This topic describes the data types and parameters that are supported by DM Reader and how to configure DM Reader by using the codeless user interface (UI) and code editor.

Notice DM Reader supports only exclusive resource groups for Data Integration, but not the default resource group or custom resource groups for Data Integration. For more information, see Create and use an exclusive resource group for Data Integration and Create a custom resource group for Data Integration.

Background information

DM Reader reads data from databases such as Dameng (DM), Db2, PPAS, and Sybase. DM Reader is commonly used to read data from relational databases. To enable DM Reader to read data from a relational database, you must register the driver for the relational database.

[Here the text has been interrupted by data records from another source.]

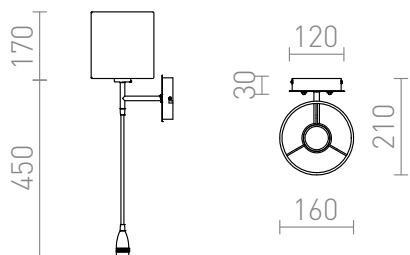

VERSINA

LED 28+3W 180 lm Ra 80

Wall lamp with a textile shade and LED spotlight on gooseneck. Both light sources can be controlled individually by switches located on a round base.

RP EUR incl. VAT

R12955

VERSINA with shade white chrome 230V E27
LED 28+3W 25° 3000K

88,00

 3D model

 manual

G13026
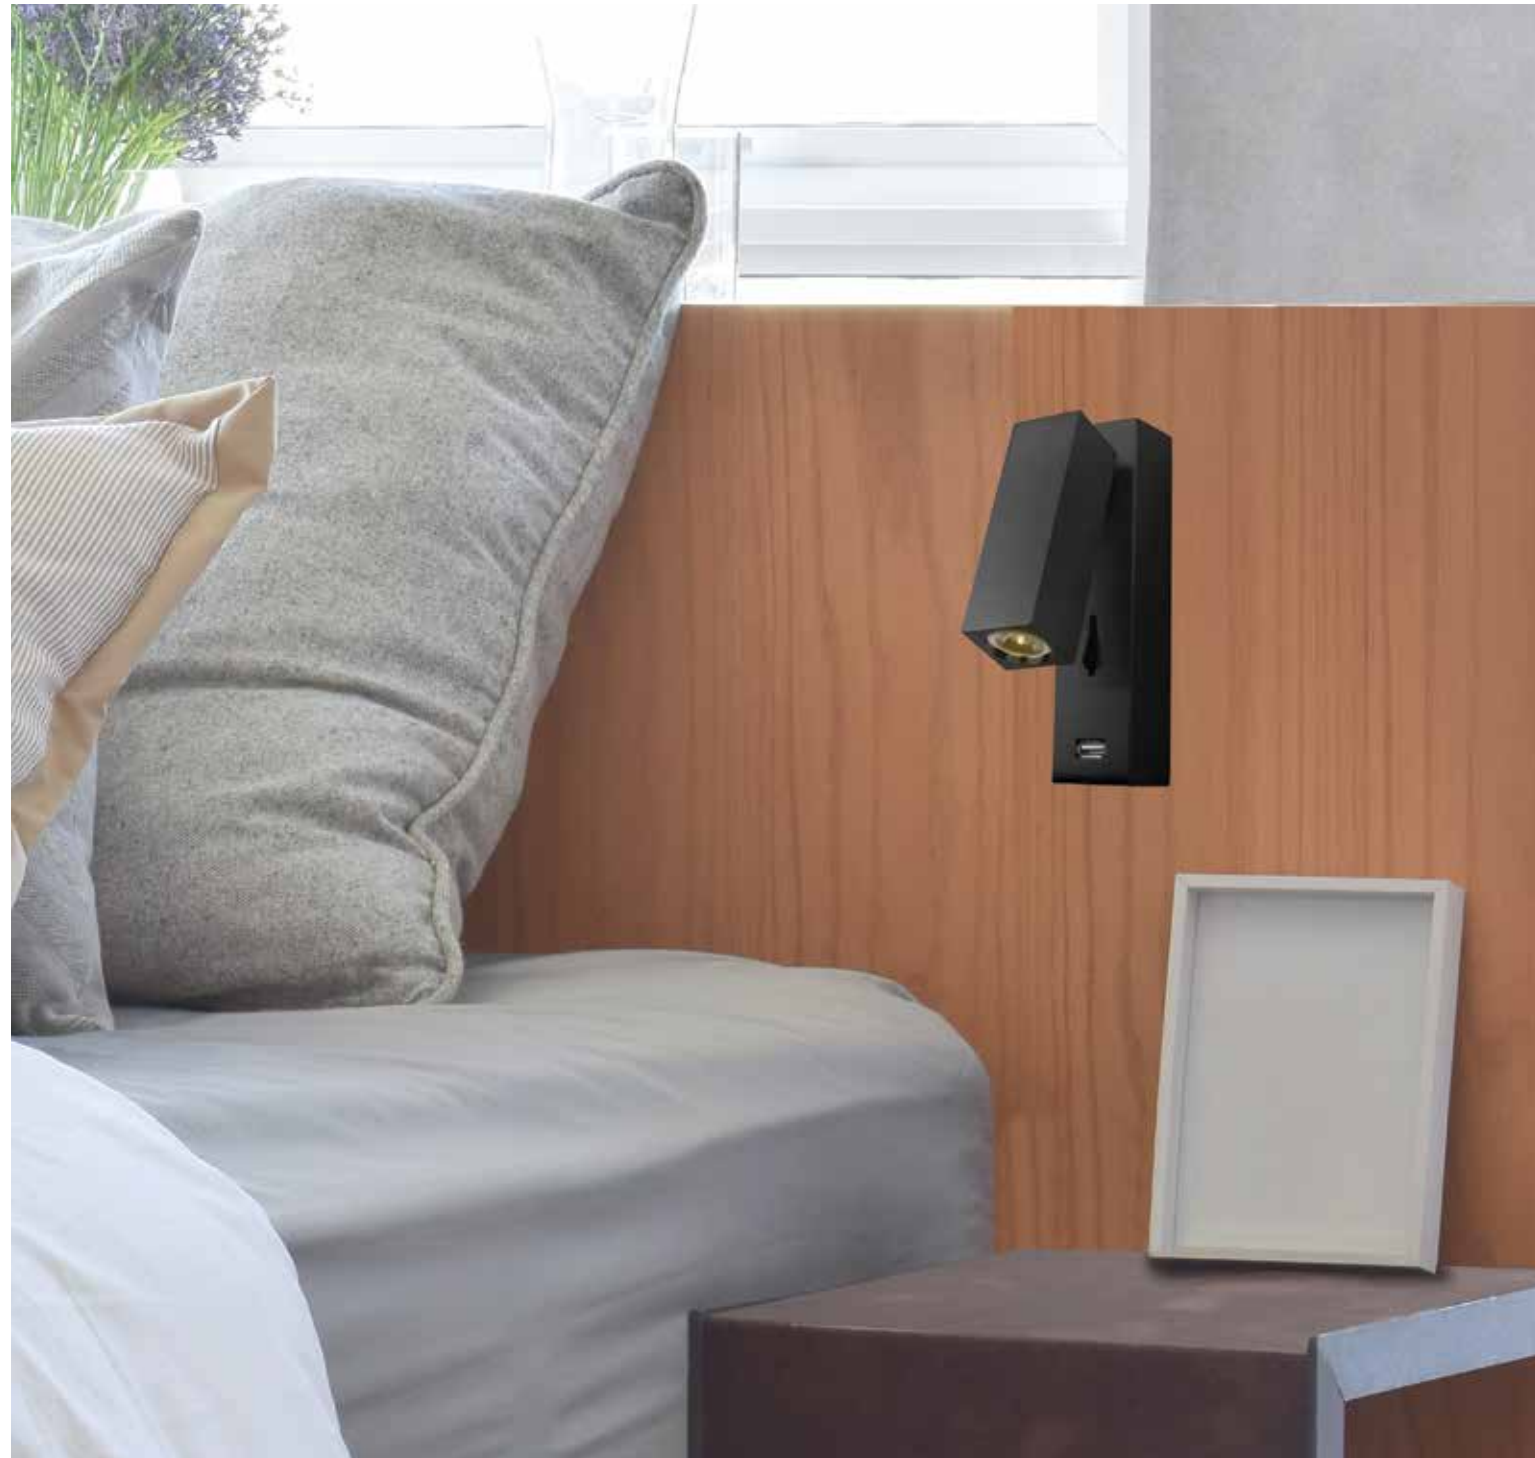

USB Charger

Power 3W
Input 220-240V, 50/60Hz
Color Temperature 3000K
Lumen 240Lm
Cri 80
Dimensions L: 12.5-19cm W: 4cm H: 20cm
Non Dimmable ☒
Switch On/Off
Material Metal - Aluminium
Special Feature USB Charger
Color Black Matt / **Code H35**
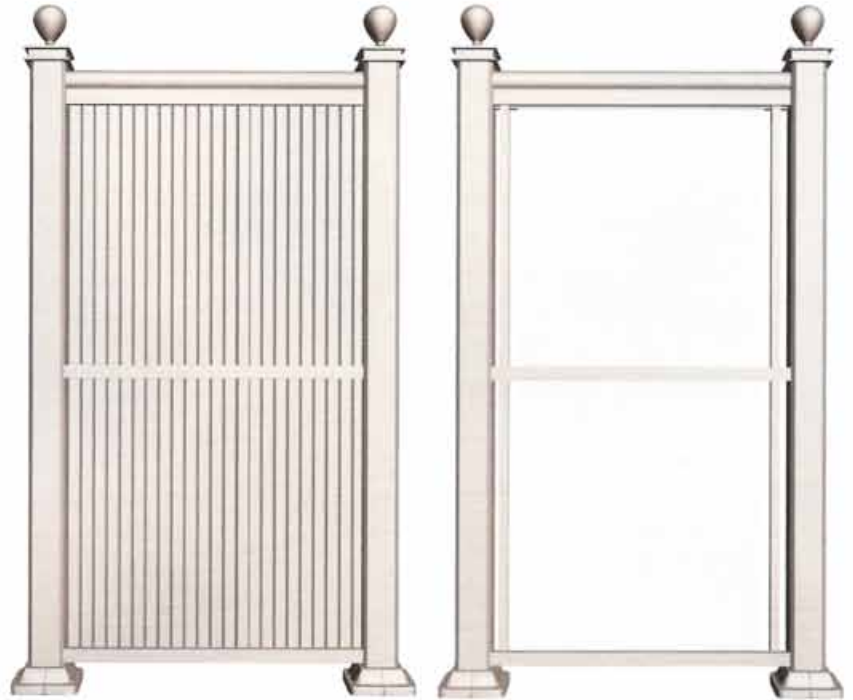

Styles of Railing between posts can be A1 to A28

Privacy Panels

DC1

DC2

DC3

PP1
ALLUMINUM

PP2
TEMPERED GLASS

Railings

DM Reader connects to a remote database by using Java Database Connectivity (JDBC), generates an SQL statement based on your configurations, and then sends the statement to the database. The system executes the statement on the database and returns data. Then, DM Reader assembles the returned data into abstract datasets of the data types supported by Data Integration and sends the datasets to a writer.
  • DM Reader generates the SQL statement based on the settings of the table, column, and where parameters and sends the generated statement to the remote database.
  • If you specify the querySql parameter, DM Reader sends the value of this parameter to the remote database.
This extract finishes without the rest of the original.